**YOUR OBJECTIVE**: Where the material below has a line containing "2020 MULE™ 4010 TRANS4x4® CAMO PARTS DIAGRAM", start repeating exactly, and keep going through the line containing "BOLT-FLANGED,6X30 (Ref #", with no other lines.

(Beginning of EXTRACTED MATERIAL)

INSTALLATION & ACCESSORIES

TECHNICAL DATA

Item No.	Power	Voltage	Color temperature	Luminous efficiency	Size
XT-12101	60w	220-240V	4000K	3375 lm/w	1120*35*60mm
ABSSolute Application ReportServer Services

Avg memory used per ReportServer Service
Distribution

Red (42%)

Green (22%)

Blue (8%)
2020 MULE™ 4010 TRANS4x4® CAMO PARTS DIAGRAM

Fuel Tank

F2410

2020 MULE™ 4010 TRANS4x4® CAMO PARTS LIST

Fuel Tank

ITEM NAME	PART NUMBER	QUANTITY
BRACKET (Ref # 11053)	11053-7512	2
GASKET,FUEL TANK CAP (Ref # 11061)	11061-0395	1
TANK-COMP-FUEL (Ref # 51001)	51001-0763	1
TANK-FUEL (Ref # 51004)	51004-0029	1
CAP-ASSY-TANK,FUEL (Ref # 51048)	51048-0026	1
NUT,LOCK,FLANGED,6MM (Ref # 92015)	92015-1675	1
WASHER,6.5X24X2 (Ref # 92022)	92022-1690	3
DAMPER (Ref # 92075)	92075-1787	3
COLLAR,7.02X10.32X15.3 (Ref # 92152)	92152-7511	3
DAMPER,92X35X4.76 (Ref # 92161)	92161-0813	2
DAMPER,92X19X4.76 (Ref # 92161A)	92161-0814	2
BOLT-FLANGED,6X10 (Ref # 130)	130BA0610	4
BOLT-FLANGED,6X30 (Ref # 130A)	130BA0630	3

(End of EXTRACTED MATERIAL)
(Beginning of EXTRACTED MATERIAL)

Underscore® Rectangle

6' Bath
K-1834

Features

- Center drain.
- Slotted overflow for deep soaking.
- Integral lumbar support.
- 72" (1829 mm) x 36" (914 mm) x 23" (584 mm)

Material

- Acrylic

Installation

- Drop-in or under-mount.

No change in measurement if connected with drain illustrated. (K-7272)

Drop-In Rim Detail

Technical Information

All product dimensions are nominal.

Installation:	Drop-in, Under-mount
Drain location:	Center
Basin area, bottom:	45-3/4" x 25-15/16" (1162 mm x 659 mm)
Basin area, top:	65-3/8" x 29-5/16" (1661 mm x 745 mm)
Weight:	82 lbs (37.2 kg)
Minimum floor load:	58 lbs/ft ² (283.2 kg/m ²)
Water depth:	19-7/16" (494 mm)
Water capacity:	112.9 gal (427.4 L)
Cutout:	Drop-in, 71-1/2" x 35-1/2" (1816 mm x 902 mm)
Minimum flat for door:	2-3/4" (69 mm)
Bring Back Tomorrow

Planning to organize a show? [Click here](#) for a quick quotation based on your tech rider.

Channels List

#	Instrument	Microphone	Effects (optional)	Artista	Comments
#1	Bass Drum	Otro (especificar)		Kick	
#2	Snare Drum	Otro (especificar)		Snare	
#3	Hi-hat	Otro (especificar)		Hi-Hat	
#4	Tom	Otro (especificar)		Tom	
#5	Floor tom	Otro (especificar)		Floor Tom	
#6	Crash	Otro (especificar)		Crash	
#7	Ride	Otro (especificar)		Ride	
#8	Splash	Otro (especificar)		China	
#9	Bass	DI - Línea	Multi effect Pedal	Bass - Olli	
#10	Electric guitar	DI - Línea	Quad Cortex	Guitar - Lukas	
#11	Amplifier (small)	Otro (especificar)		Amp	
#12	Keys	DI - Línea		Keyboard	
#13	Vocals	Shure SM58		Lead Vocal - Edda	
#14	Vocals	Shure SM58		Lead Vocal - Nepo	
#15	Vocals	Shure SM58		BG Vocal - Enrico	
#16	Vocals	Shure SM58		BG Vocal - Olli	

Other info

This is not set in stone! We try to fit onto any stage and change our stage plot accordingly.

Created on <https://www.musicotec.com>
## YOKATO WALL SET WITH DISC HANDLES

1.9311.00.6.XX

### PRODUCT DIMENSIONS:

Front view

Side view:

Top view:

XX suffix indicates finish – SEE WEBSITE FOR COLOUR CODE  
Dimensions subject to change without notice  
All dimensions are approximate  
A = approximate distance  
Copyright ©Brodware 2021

(End of EXTRACTED MATERIAL)

**ANSWER SECTION**:
2020 MULE™ 4010 TRANS4x4® CAMO PARTS DIAGRAM

Fuel Tank

F2410

2020 MULE™ 4010 TRANS4x4® CAMO PARTS LIST

Fuel Tank

ITEM NAME	PART NUMBER	QUANTITY
BRACKET (Ref # 11053)	11053-7512	2
GASKET,FUEL TANK CAP (Ref # 11061)	11061-0395	1
TANK-COMP-FUEL (Ref # 51001)	51001-0763	1
TANK-FUEL (Ref # 51004)	51004-0029	1
CAP-ASSY-TANK,FUEL (Ref # 51048)	51048-0026	1
NUT,LOCK,FLANGED,6MM (Ref # 92015)	92015-1675	1
WASHER,6.5X24X2 (Ref # 92022)	92022-1690	3
DAMPER (Ref # 92075)	92075-1787	3
COLLAR,7.02X10.32X15.3 (Ref # 92152)	92152-7511	3
DAMPER,92X35X4.76 (Ref # 92161)	92161-0813	2
DAMPER,92X19X4.76 (Ref # 92161A)	92161-0814	2
BOLT-FLANGED,6X10 (Ref # 130)	130BA0610	4
BOLT-FLANGED,6X30 (Ref # 130A)	130BA0630	3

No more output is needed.